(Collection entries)
********

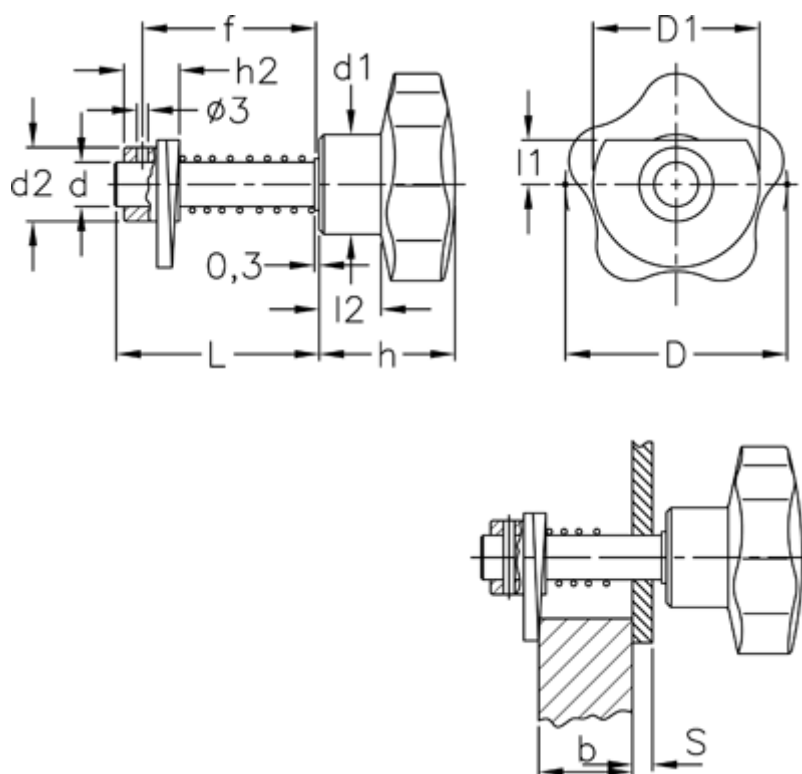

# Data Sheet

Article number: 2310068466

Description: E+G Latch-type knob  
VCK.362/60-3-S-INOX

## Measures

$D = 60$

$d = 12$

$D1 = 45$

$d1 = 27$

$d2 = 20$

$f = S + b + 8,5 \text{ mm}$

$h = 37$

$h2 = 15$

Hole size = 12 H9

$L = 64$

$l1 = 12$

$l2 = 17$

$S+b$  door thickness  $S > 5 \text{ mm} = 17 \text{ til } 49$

********

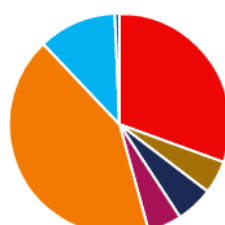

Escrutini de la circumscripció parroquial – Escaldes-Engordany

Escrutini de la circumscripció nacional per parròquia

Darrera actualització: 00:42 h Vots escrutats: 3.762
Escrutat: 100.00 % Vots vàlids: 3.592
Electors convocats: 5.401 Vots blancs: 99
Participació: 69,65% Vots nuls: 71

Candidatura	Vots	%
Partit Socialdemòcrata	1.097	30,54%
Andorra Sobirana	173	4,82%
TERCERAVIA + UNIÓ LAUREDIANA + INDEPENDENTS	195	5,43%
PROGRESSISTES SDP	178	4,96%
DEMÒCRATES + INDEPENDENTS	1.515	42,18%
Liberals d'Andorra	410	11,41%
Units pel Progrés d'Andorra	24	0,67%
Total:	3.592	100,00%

********

Problem description:
Only lines with the word "text" go in the answer. Take them all from the entries above.

Exercise solution:
$f = S + b + 8,5 \text{ mm}$
$S+b$  door thickness  $S > 5 \text{ mm} = 17 \text{ til } 49$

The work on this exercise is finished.